This year, many of the downballot elections that I get to vote for will be Democrats facing off against Republicans. And I will and must vote for the Democrats in these cases, and I will urge everyone I know to do the same. Part of the work I do with grassroots organizations here in San Diego is legislative research and tracking the votes of our state and federal representatives, so I am intimately aware of how much it matters to have Democratic majorities in our legislative bodies that can and do stop the worst offenses of the Republican Party. I also know that even the most centrist Democrats are almost always much more susceptible to pressure from their constituents to move left than moderate Republicans are. I’ve seen this personally with my State Assemblymember, whose voting record flipped dramatically after he left the Republican Party to become a Democrat. Part of that came from pressure from the state Democratic leadership, and part of that came from pressure from his Democratic constituents. Having met over a dozen times with my right-leaning Democratic Congressmember, I also know how many bills we’ve been able to bring to his attention that a Republican would have ignored—if we’d even been able to get a seat at the table in the first place. So I will obviously be voting to keep those Democrats in office, to defend their seats from their Republican challengers. And for the exact same reasons, I’ll be voting for Joe Biden, too.

And yet, in a time when more and more people are realizing that incremental changes and targeted reforms are wholly insufficient to meet the issues we face as a nation, whether that’s racist policing, healthcare, or climate change, as I look toward 2022 and beyond, it is on my mind that simply defending Democratic incumbents is not enough.
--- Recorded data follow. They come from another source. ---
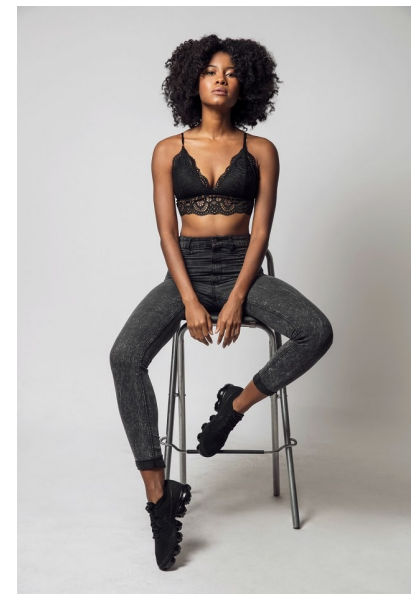

CHANDA EDWARDS

Height 177cm/5'9.5" Bust 86cm/34" B Waist 64cm/25" Hips 93cm/36.5"
Dress 34 EU/4 US/6 UK Shoe 40 EU/9 US/6.5 UK Hair Dark Brown
Eyes Brown

URSULA
WIEDMANN
MODELS

115A New Street | Decatur GA 30030
Tel: +1 404 378-1804 | Email: info@ursulawiedmannmodels.com

The Assemblymember that I and my colleagues have been able to push on a few issues also routinely abstains from controversial votes, and is mostly known for introducing bills about pets. The Member of Congress who I mentioned frequently meeting with prioritizes working with Republicans and fundamentally believes in small, incremental bills as the appropriate and most effective kind of legislation. Both of these men are personable and, I think, mostly well-meaning, but their approaches to government cannot and will not give us the changes we need, and neither the Democratic Party nor the local labor unions are at all likely to support a more progressive primary challenger in the future. Just today, Joe Biden’s campaign made it clear that he does not support defunding police departments. We need Joe Biden right now, because as the Democratic nominee he is the only viable alternative to Trump, and four more years of Trump would be a disaster, and lethal to so many people in vulnerable communities. But when we look to 2024 or 2028, what could we accomplish with a President who truly understands and enthusiastically advances the systemic changes we need, instead of one who we merely hope we can push to the right side of history?
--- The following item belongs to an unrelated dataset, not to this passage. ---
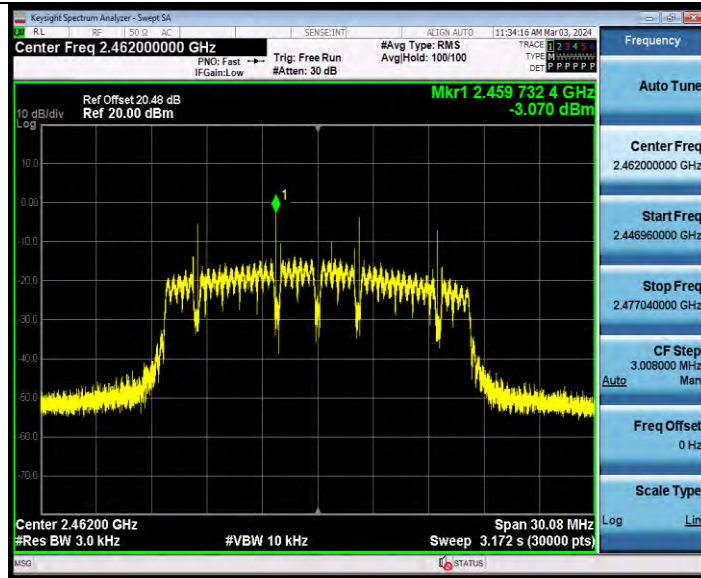

11G-CDD Ant2 2462

If we are serious about making change, then I think we need to do more than just exhorting people to vote. By the time we get to a general election ballot, the choices we have are constrained, sometimes to trying to figure out the lesser of two evils. Even in a primary election, our choices are still often constrained by a candidate’s money or lack thereof, by the way institutional pressure and obstacles are deployed to defend incumbents and insiders. It’s not that a candidate can’t win without the establishment—Councilmember Montgomery is proof of that. But it’s an uphill battle even in the best of circumstances. We need to do better at keeping the issues and real solutions front and center in the public’s minds, and finding and supporting candidates who will enact those solutions. Because, yes, it matters who we vote for, but it matters, too, who we have the opportunity to vote for. I don’t know exactly how to do all of this, but I know we need it. I hope we can get there.
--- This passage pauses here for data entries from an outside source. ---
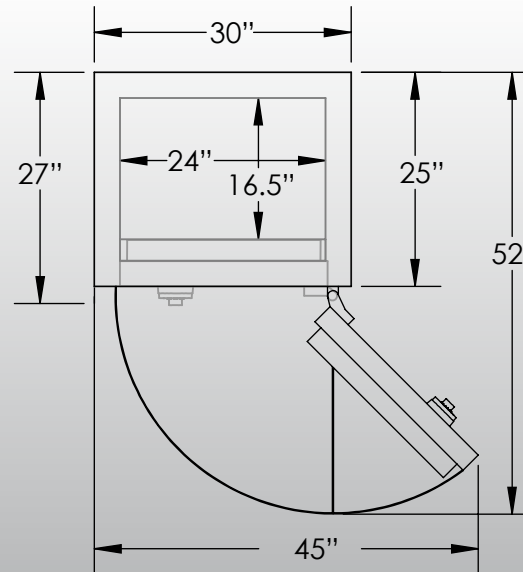

# Man Safe 6024 COM Configuration #1

## Features & Specifications:

Interior Dimensions -----	60"H x 24"W x 16.5"D
Exterior Dimensions -----	65.5"H x 30"W x 27"D
Interior Drawer Dimensions -----	12 3/4"W x 13"D
Capacity in Cubic Ft. -----	13.75
Weight -----	2,250 LBS
Watch Winders -----	Sixteen
Drawer Configuration -----	Two 2" Drawers
-----	One 3" Drawer
-----	One 5" Drawer
Open Space -----	9" Under Drawers
-----	37" Long Gun Slot
-----	Two 8" Slots

\* Please add 1" to all exterior dimensions to allow for installation.

\*\* Standard 120 volt outlet required for operation. Two cords exit at lower back of safe on hinge side to provide power to interior light and watch winders.

#MatteredtoMe - June 5, 2020: A Week of Protest, Black Lives Matter

  1. Last week, Hanif Abdurraqib wrote about the violence of American normalcy. “But also because when people fighting for freedom use tactics some would deem violent, it is holding up a mirror to a violent country. Whether or not that result is intentional or understood by those in power. So much of what is labeled as violence was learned through American machinery or American neglect.”
  2. Kimmy Yam wrote about Tou Thao and the history of Asian American complicity in anti-Blackness. Something we as Asian Americans need to understand and own.
  3. Like a lot of people, I returned to Jericho Brown's poem “Bullet Points” this week. Written four years ago, but, of course, part of the point of all of this is that police violence isn't new.
  4. Danez Smith's piece in the New Yorker today, “Crying, Laughing, Crying at the George Floyd Protests in Minneapolis.” “Why do we have police? Have you Googled where they come from? The precinct’s ancestor is the plantation cabin filled with overseers, between the slave quarters and the big house. When the North came down to free my people, you tell me what burned.”
  5. Finally, Luther Hughes's poem “Stay Safe,” which starts with such tenderness, contrasting with the worry and fear that comes later. Well, which is always there.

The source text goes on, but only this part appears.